According to Keynes, interest is monetary phenomenon and the rate of the interest is determined by the intersection of demand for money and supply of money. From the above analysis of Keynesian liquidity preference theory of interest these things are clear. Given the supply of money the rate of interest rises as the demand for money increases and falls as the demand for money decreases. Similarly given the demand for money, the rate of interest falls as the supply of money increases and rises as the supply of money decreases. The rate of interest can’t be reduced beyond the Lower Limit set by the Liquidity trap.

Criticisms:

Keynes’ liquidity preference theory of interest has been crudely criticized by economists like A1 + Hansen, Henery Hazlitt, Jacob Viner and Hut etc. on the following grounds, Keynes liquidity preference theory of interest has been criticized.

(1)   Real factors ignored

According to the economist Hazlitt, Keynes has ignored the influence of the real factors on the rate of interest determination Keynes refused to believe that real factors such as productivity, time preferences had any influence on the rate of interest. As his theory is based on pure monetary phenomenon, Keynes’ liquidity preference theory is also called on sided theory.

(2)   Element of Saving Ignored

In the definition of Keynesian liquidity preference theory of interest, Keynes defined that interest is the reward for parting with Liquidity. Here, Keynes ignored the element of saving. Without previous saving there can’t be liquidity to part with. According to Jecob Viner, without saving there can be no liquidity to surrender. The rate of interest is the return for saving without Liquidity.”

(3)   Short-period Analysis

Since the theory only explains the determination of rate of interest in the short period of time. It does not explain how the rate of interest is determination in the long run.

(4)   Variation of Interest Rates not explained

The theory cannot explain why interest rates very from person to person, from place to place and for different periods.

(5)   Importance of Productivity Ignored

According to some critics’ interest is not the reward for parting with Liquidity as expressed by Keynes?

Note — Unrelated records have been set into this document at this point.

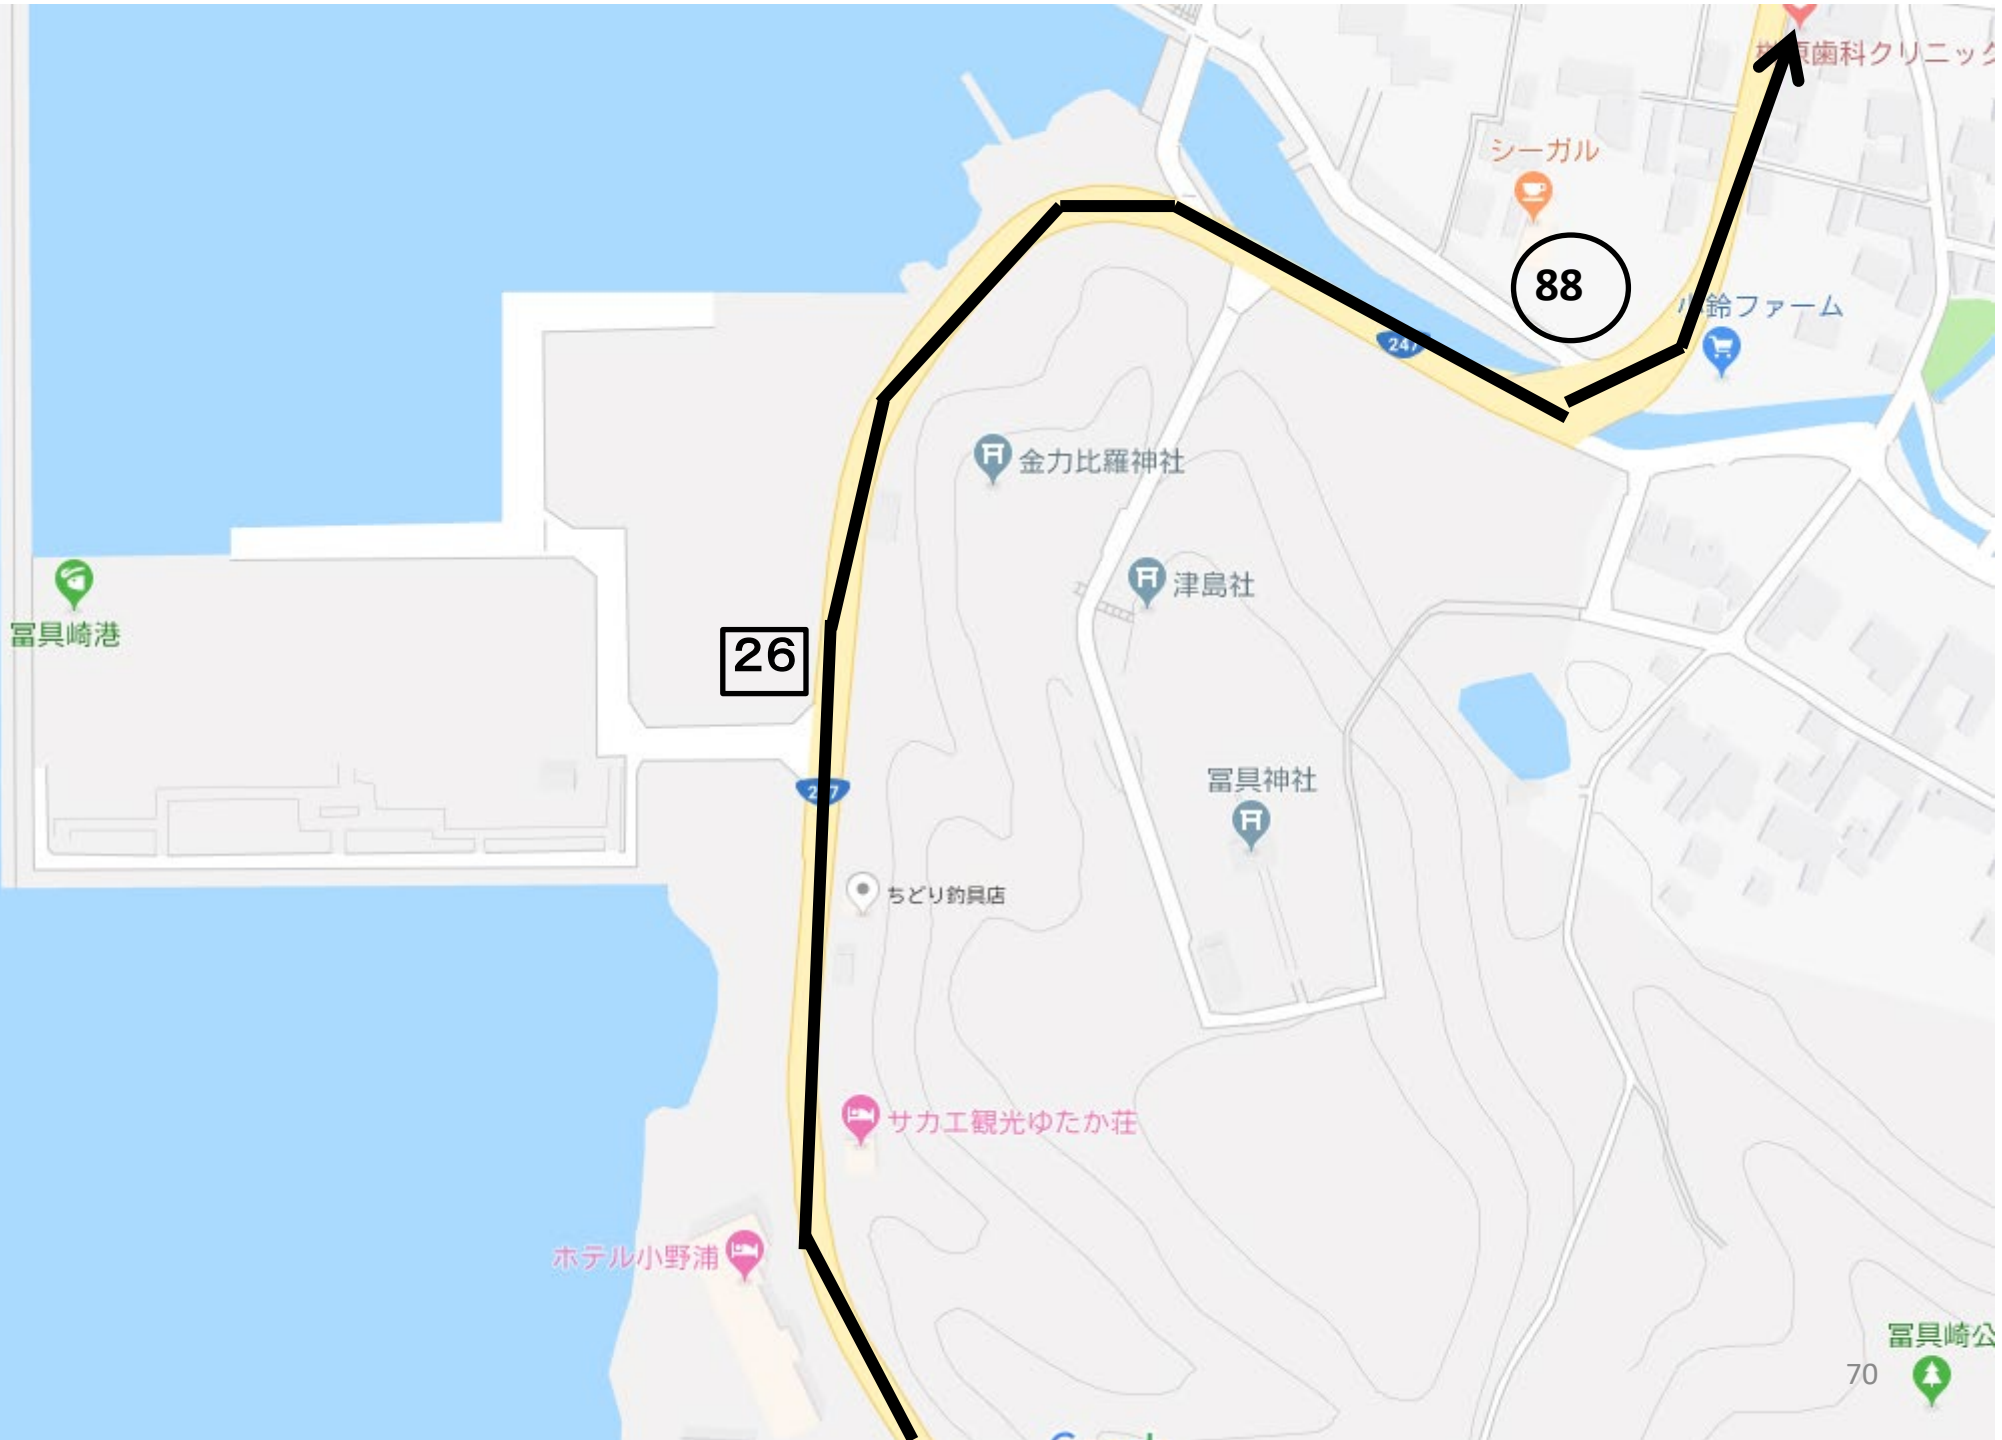

富具崎港

26

27

88

金力比羅神社

津島社

富具神社

ちどり釣具店

サカエ観光ゆたか荘

ホテル小野浦

シーガル

鈴農場

歯科クリニック

富具崎公

70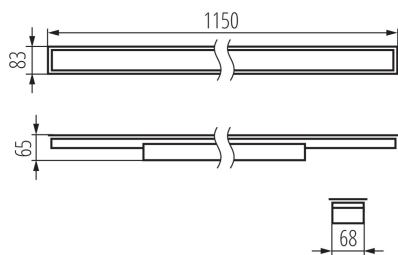

Corp de iluminat liniar LED

5905339342768

DATE GENERALE:

Culoare: negru

Loc de montare: pentru încastrare în tavan

Loc de aplicare: în interior

Distanță minimă de la obiectul iluminat: 0,5m

Posibilitate de conlucrare cu reostatul: DALI

Direcție de iluminare a corpului de iluminat: jos

Lungime [mm]: 1150

Lățime [mm]: 83

Înălțime [mm]: 65

Sursă de lumină cu LED integrată: da

Version for connection in line [initial element] LF: 34603 (PT)

Version for connection in line [central element] LM: 34747 (PT)

Unghi de iluminare [°]: X75/Y90

Eficiența luminoasă a lămpii [lm/W]: 120

Interval de temperatură ambiantă la care produsul poate fi expus [°C]: 5÷25

Tipul de abajur: microprismatic

Materialul carcasei: oțel

Grad IP: 20

DATE LOGISTICE:

Unitate de măsură: bucată

Cu sunt ambalate: 1

Număr de bucăți în ambalajul intermediar: 1

Număr de bucăți în ambalajul comun: 1

Greutate unitară netă [g]: 1715

Greutate [g]: 2055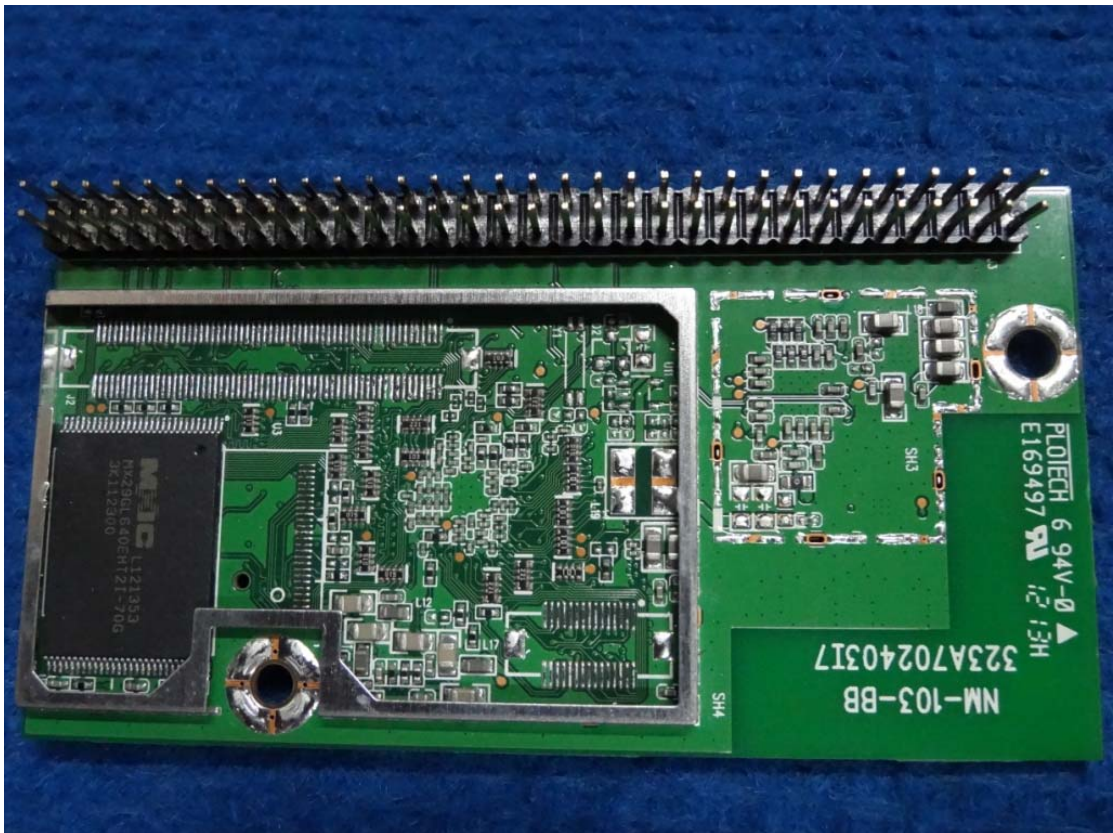

Internal photos

**BT module:**

**2.4GHz WIFI AIRPLAY module:**

**2.4GHz/5.8GHz WIFI module:**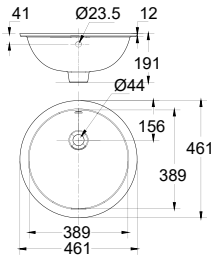

Chậu treo tường Acacia Evolution/
Chân chậu treo tường Acacia Evolution

W460xL600xH460 mm

Chậu: 3.200.000 Đ
Chân: 1.900.000 Đ

0433-WT

Chậu rửa âm bàn
Concept

W461xL461xH191 mm

Giá: 1.900.000 Đ

Mới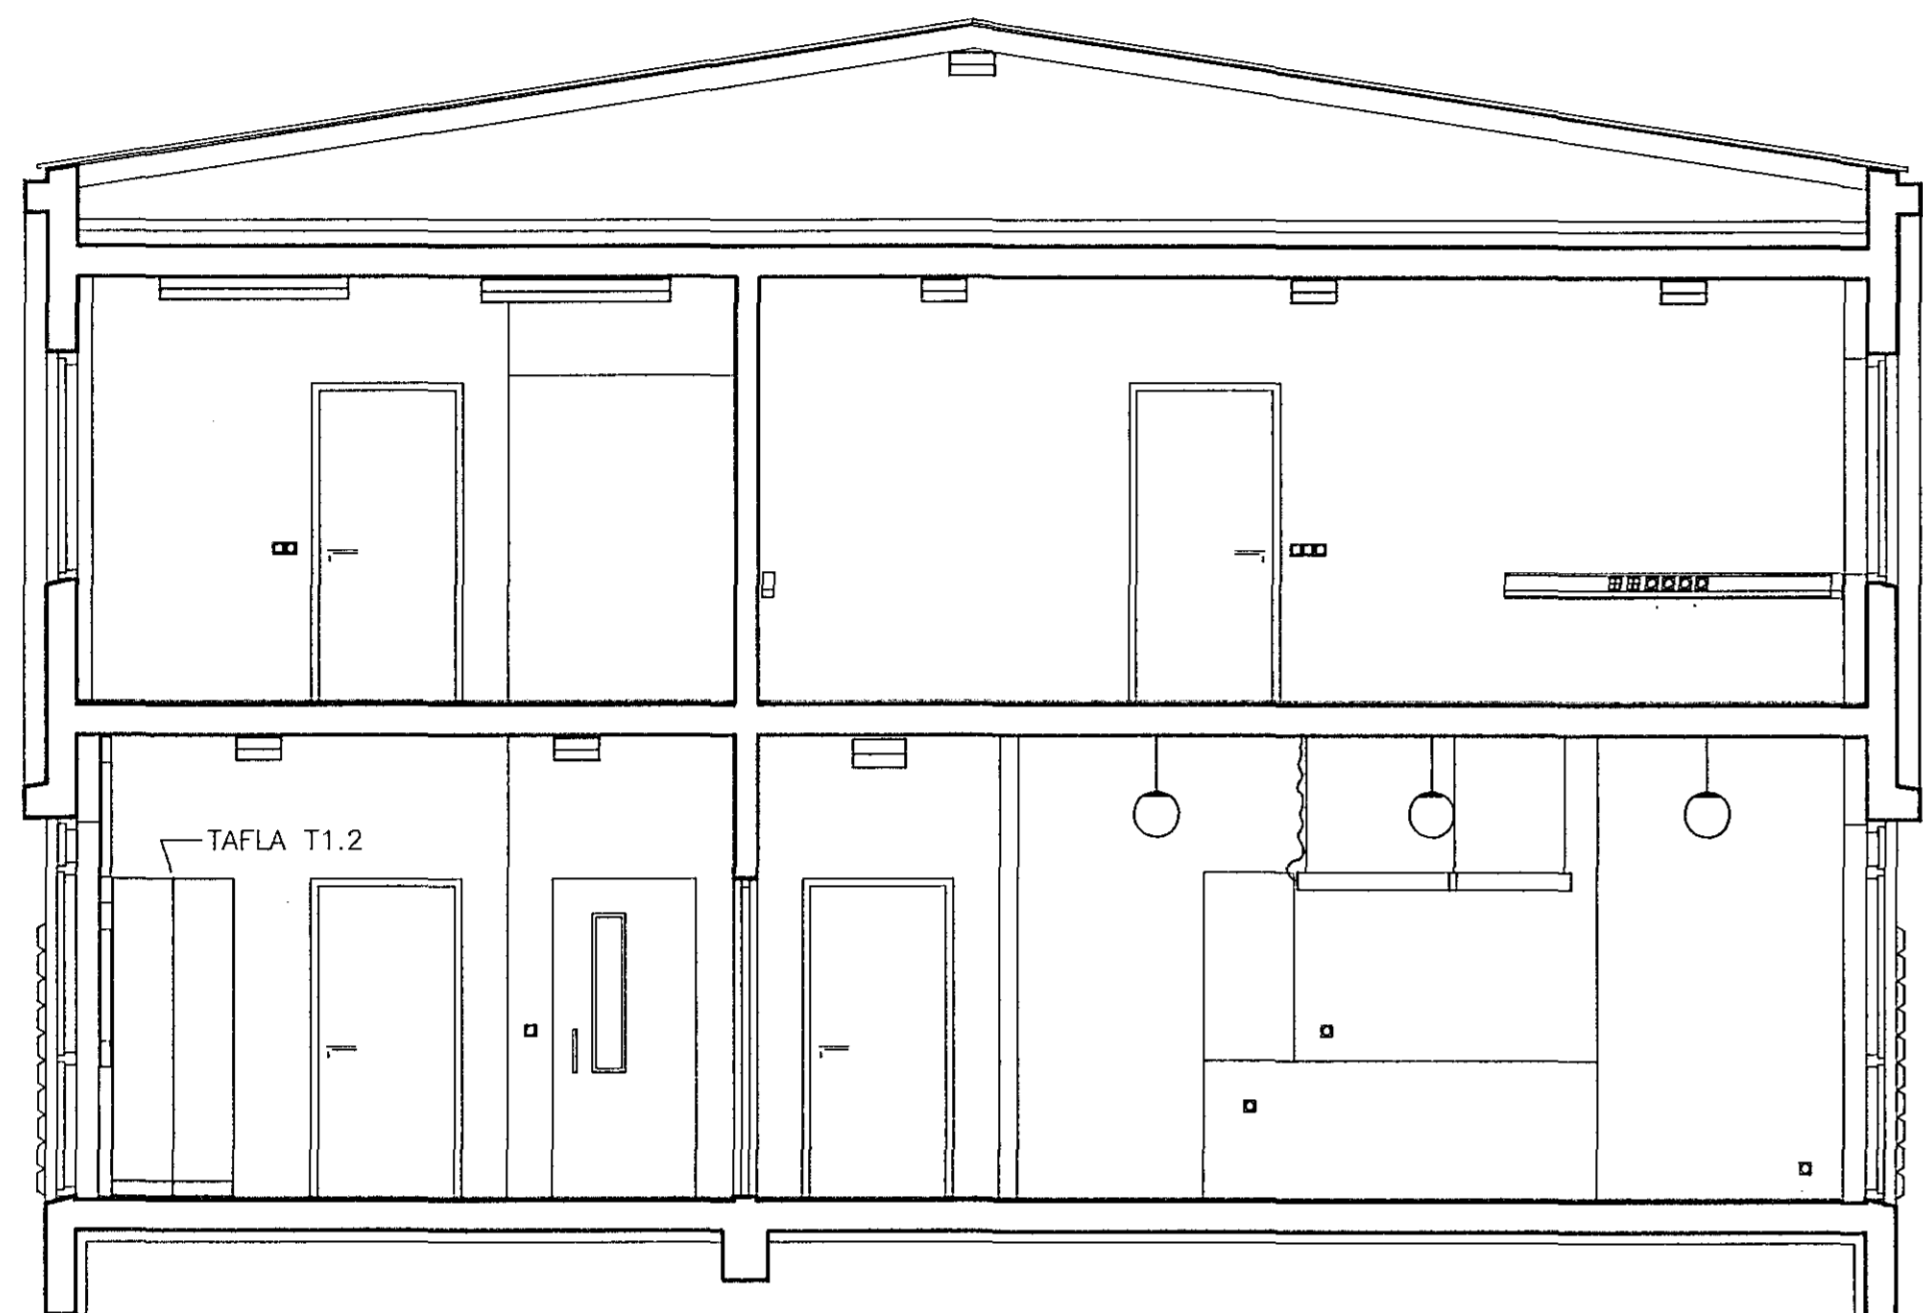

12 11 10 9 8 7 6 5 4 3 2 1

H
G
F
E
D
C
B
A

A
2/5 20
SNID
M 1:50

B
2/5 20
SNID
M 1:50

F:\VERK\2023\TEIKNING\GRUNNM\snid.DWG 20-09-91 08:59

Breyting D	Breyting C	Breyting B	Breyting A	Verkhefni: PÓSTUR OG SÍMI HAFNARFIRDI	Verkhliut / Verknúmer
		Hannað JOS/SH	Teiknað BG	Yfirgjafi <i>[Signature]</i>	Dag. SEPT.'91
				Rafhönnun	Árnúta 42, sími 91-84833
					Teikningarnúmer 38-1-7139
					Blað nr. 20
					Breyting

11 10 9 8 7 6 5 4 3 2 1

According to them, interest is the reward paid to the Lender for the productivity of capital. Hence, interest is part for the existing power of capital to be productive.

(7)   Self- Contradictory

The concept of Keynes’ liquidity theory of interest is confusing vague and self- contradictory. For example, if a man holds his cash as in the form of time deposits or invest on Treasury bill then he will be paid interest on them. Hence he gets liquidity along with interest.

(8)   Other liquidity preference motives ignored

According to Keynes the desire for liquidity arises only due to three motives such as transaction motive, pre centenary motive. But critics point out that the liquidity preference arises not only for the three motives but also for other motives such as deflationary motive, business expansion motive and convenience motive.

(9)   Indeterminate Theory

According to Keynes rate of interest is determined by liquidity prefer he and the supply of money. While the liquidity of preference depends on the level of income itself depends on the investment, which ultimately depends on rate of interest. Thus, according to Hansen, “Keynes’s criticism of the classical theory applies equally to his own theory!’ Thus, Keynes liquidity theory of interest is in determinate.

(10) Less effective from supply side

According to the liquidity preference theory of interest, money supply is constants. If supply of money increases, rate of interest will decrease but it is not always possible to reduce the rate of interest by increasing the money supply. In the region of liquidity trap, the increase in the supply will not reduce the rate of interest any more.